__Task data__.
------

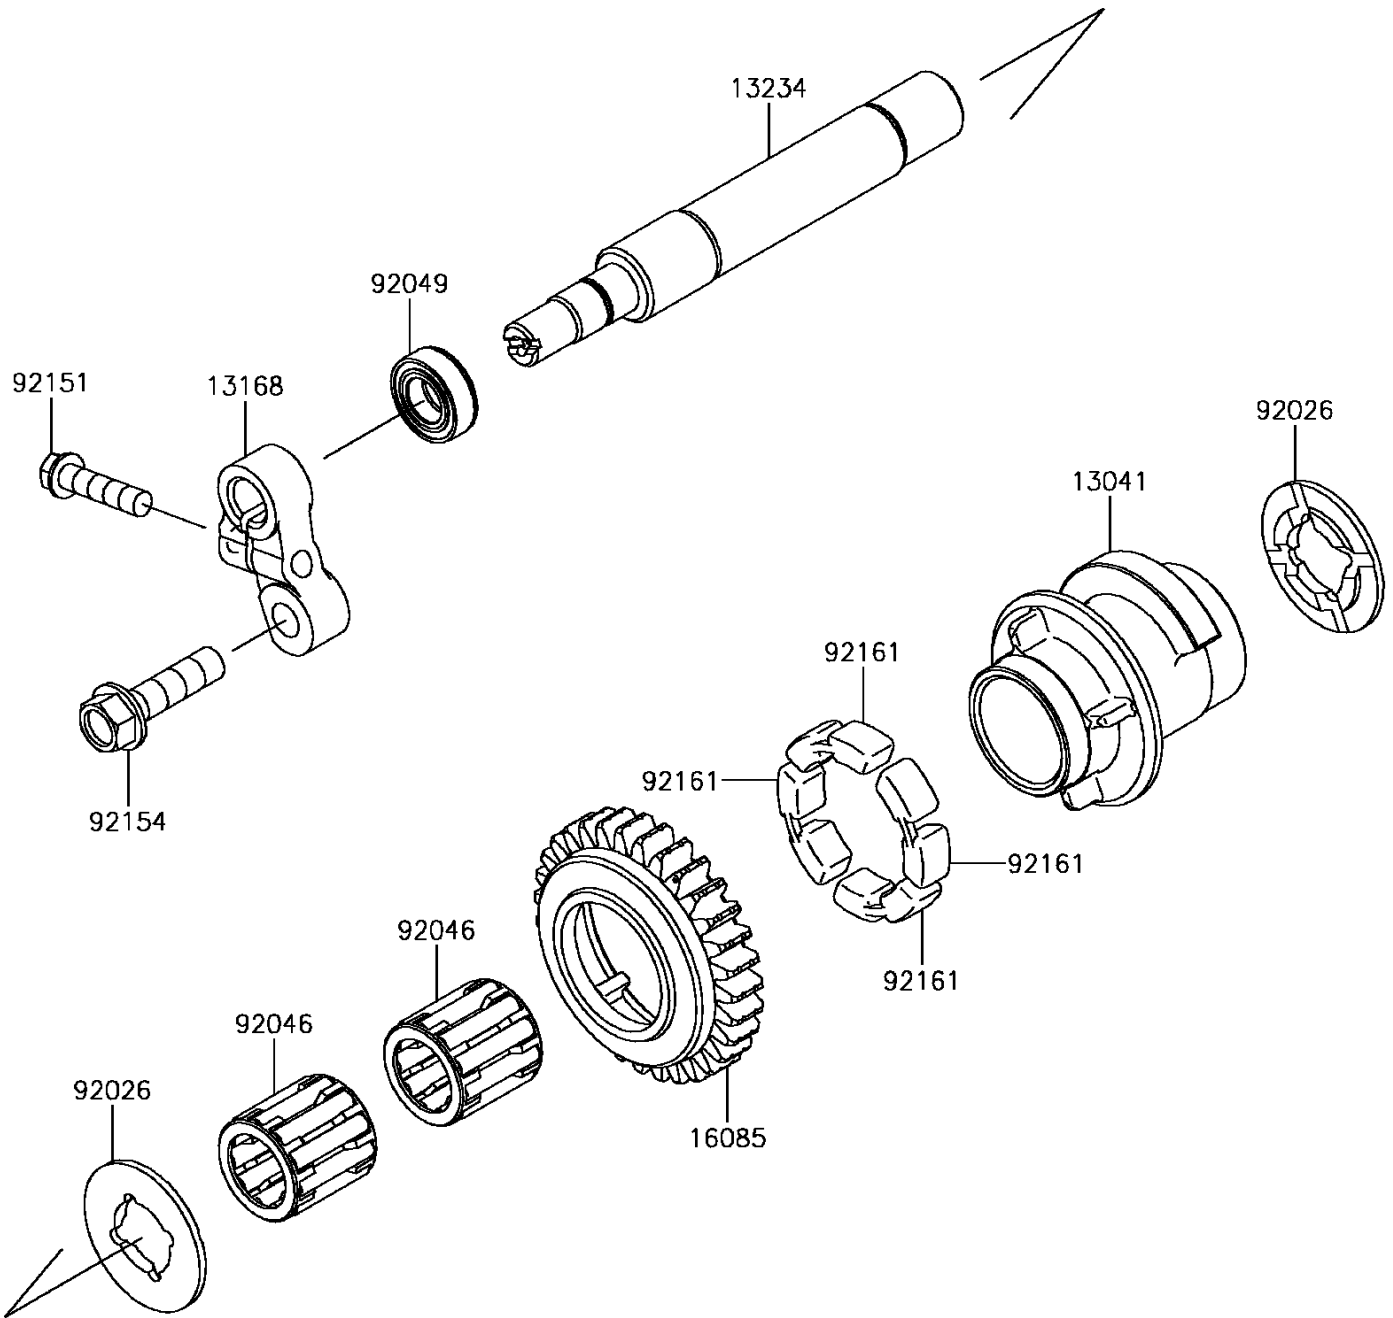

# 2017 Ninja ZX-10R ABS PARTS DIAGRAM

Balancer

E1323

## 2017 Ninja ZX-10R ABS PARTS LIST

### Balancer

ITEM NAME	PART NUMBER	QUANTITY
BALANCER (Ref # 13041)	13041-0047	1
LEVER, BACKLASH ADJUSTMENT (Ref # 13168)	13168-0831	1
SHAFT-COMP (Ref # 13234)	13234-0589	1
GEAR, BALANCER, 31T (Ref # 16085)	16085-0144	1
SPACER (Ref # 92026)	92026-0082	2
BEARING-NEEDLE (Ref # 92046)	92046-1266	2
SEAL-OIL (Ref # 92049)	92049-0720	1
BOLT, FLANGED-SMALL, 6X25 (Ref # 92151)	92151-1930	1
BOLT, FLANGED, 8X30 (Ref # 92154)	92154-1796	1
DAMPER (Ref # 92161)	92161-1055	4

------

Exclude the images and copy every record above exactly.

# 2017 Ninja ZX-10R ABS PARTS DIAGRAM

Balancer

E1323

## 2017 Ninja ZX-10R ABS PARTS LIST

### Balancer

ITEM NAME	PART NUMBER	QUANTITY
BALANCER (Ref # 13041)	13041-0047	1
LEVER, BACKLASH ADJUSTMENT (Ref # 13168)	13168-0831	1
SHAFT-COMP (Ref # 13234)	13234-0589	1
GEAR, BALANCER, 31T (Ref # 16085)	16085-0144	1
SPACER (Ref # 92026)	92026-0082	2
BEARING-NEEDLE (Ref # 92046)	92046-1266	2
SEAL-OIL (Ref # 92049)	92049-0720	1
BOLT, FLANGED-SMALL, 6X25 (Ref # 92151)	92151-1930	1
BOLT, FLANGED, 8X30 (Ref # 92154)	92154-1796	1
DAMPER (Ref # 92161)	92161-1055	4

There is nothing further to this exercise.